- **PROBLEM TO WORK ON**:
Copy the data below exactly, but not the pictures it contains.

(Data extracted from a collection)
============================================================

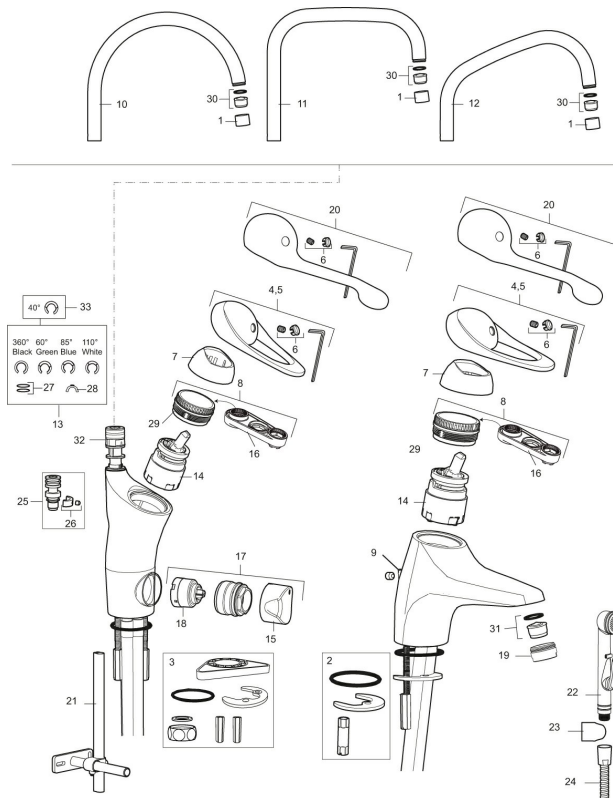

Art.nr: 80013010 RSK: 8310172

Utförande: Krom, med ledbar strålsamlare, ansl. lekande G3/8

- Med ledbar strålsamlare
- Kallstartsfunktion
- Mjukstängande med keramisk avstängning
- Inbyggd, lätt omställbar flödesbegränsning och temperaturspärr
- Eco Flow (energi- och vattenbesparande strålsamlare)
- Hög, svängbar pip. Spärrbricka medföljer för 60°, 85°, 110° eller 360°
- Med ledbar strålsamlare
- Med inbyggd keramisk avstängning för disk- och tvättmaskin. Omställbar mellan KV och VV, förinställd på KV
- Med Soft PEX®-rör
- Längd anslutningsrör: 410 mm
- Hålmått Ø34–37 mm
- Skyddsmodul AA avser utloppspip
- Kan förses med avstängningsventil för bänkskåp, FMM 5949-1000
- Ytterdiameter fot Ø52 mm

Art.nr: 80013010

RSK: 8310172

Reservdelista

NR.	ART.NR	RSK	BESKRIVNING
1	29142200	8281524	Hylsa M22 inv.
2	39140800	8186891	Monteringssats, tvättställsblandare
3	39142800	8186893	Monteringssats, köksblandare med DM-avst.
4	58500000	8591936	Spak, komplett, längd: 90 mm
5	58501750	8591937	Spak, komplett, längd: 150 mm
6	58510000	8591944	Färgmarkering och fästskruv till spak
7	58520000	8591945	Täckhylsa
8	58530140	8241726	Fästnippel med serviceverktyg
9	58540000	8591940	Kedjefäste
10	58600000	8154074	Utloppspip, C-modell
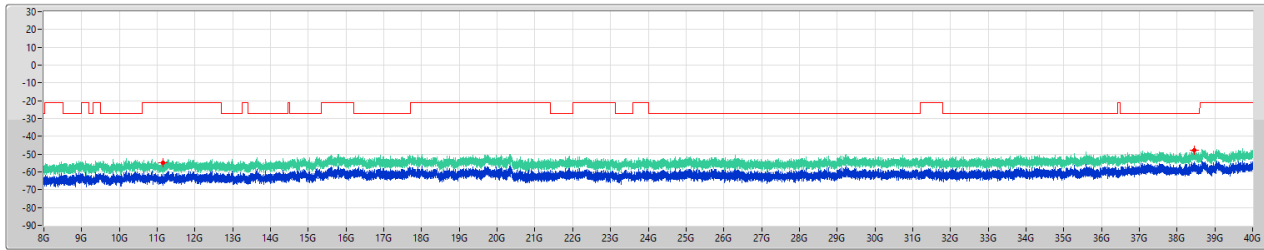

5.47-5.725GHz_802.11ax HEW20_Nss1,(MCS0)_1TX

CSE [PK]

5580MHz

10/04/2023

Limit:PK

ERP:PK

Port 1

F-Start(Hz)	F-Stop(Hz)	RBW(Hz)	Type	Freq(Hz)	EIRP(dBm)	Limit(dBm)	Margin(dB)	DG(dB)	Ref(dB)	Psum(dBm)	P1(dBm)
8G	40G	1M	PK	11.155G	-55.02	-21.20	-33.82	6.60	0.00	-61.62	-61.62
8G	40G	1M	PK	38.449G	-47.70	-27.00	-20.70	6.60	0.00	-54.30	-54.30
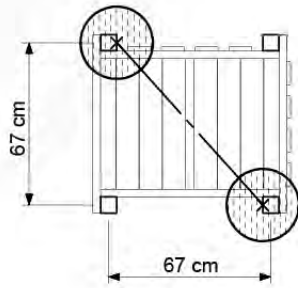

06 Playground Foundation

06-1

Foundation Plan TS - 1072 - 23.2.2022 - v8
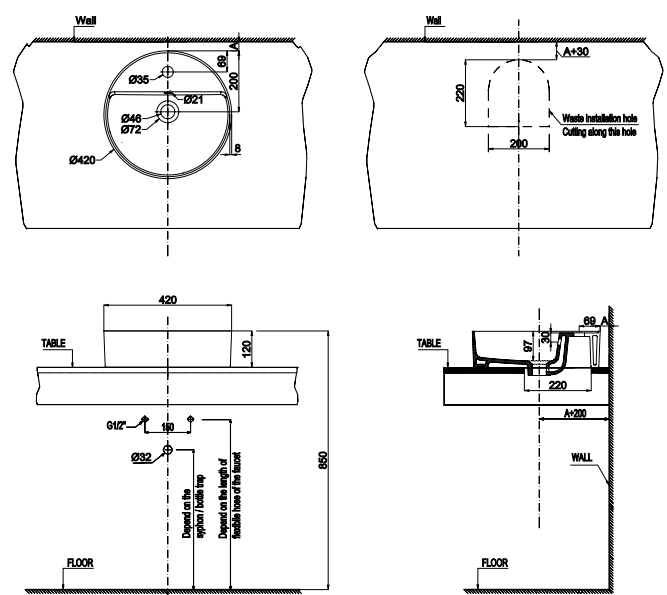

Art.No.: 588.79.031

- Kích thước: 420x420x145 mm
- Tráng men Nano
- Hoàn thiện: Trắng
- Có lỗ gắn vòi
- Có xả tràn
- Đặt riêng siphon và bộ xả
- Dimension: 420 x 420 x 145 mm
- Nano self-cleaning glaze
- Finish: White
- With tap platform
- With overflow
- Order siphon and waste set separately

============================================================

- **EXPECTED ANSWER**:
Art.nr: 80013010 RSK: 8310172

Utförande: Krom, med ledbar strålsamlare, ansl. lekande G3/8

- Med ledbar strålsamlare
- Kallstartsfunktion
- Mjukstängande med keramisk avstängning
- Inbyggd, lätt omställbar flödesbegränsning och temperaturspärr
- Eco Flow (energi- och vattenbesparande strålsamlare)
- Hög, svängbar pip. Spärrbricka medföljer för 60°, 85°, 110° eller 360°
- Med ledbar strålsamlare
- Med inbyggd keramisk avstängning för disk- och tvättmaskin. Omställbar mellan KV och VV, förinställd på KV
- Med Soft PEX®-rör
- Längd anslutningsrör: 410 mm
- Hålmått Ø34–37 mm
- Skyddsmodul AA avser utloppspip
- Kan förses med avstängningsventil för bänkskåp, FMM 5949-1000
- Ytterdiameter fot Ø52 mm

Art.nr: 80013010

RSK: 8310172

Reservdelista

NR.	ART.NR	RSK	BESKRIVNING
1	29142200	8281524	Hylsa M22 inv.
2	39140800	8186891	Monteringssats, tvättställsblandare
3	39142800	8186893	Monteringssats, köksblandare med DM-avst.
4	58500000	8591936	Spak, komplett, längd: 90 mm
5	58501750	8591937	Spak, komplett, längd: 150 mm
6	58510000	8591944	Färgmarkering och fästskruv till spak
7	58520000	8591945	Täckhylsa
8	58530140	8241726	Fästnippel med serviceverktyg
9	58540000	8591940	Kedjefäste
10	58600000	8154074	Utloppspip, C-modell

5.47-5.725GHz_802.11ax HEW20_Nss1,(MCS0)_1TX

CSE [PK]

5580MHz

10/04/2023

Limit:PK

ERP:PK

Port 1

F-Start(Hz)	F-Stop(Hz)	RBW(Hz)	Type	Freq(Hz)	EIRP(dBm)	Limit(dBm)	Margin(dB)	DG(dB)	Ref(dB)	Psum(dBm)	P1(dBm)
8G	40G	1M	PK	11.155G	-55.02	-21.20	-33.82	6.60	0.00	-61.62	-61.62
8G	40G	1M	PK	38.449G	-47.70	-27.00	-20.70	6.60	0.00	-54.30	-54.30

06 Playground Foundation

06-1

Foundation Plan TS - 1072 - 23.2.2022 - v8

Art.No.: 588.79.031

- Kích thước: 420x420x145 mm
- Tráng men Nano
- Hoàn thiện: Trắng
- Có lỗ gắn vòi
- Có xả tràn
- Đặt riêng siphon và bộ xả
- Dimension: 420 x 420 x 145 mm
- Nano self-cleaning glaze
- Finish: White
- With tap platform
- With overflow
- Order siphon and waste set separately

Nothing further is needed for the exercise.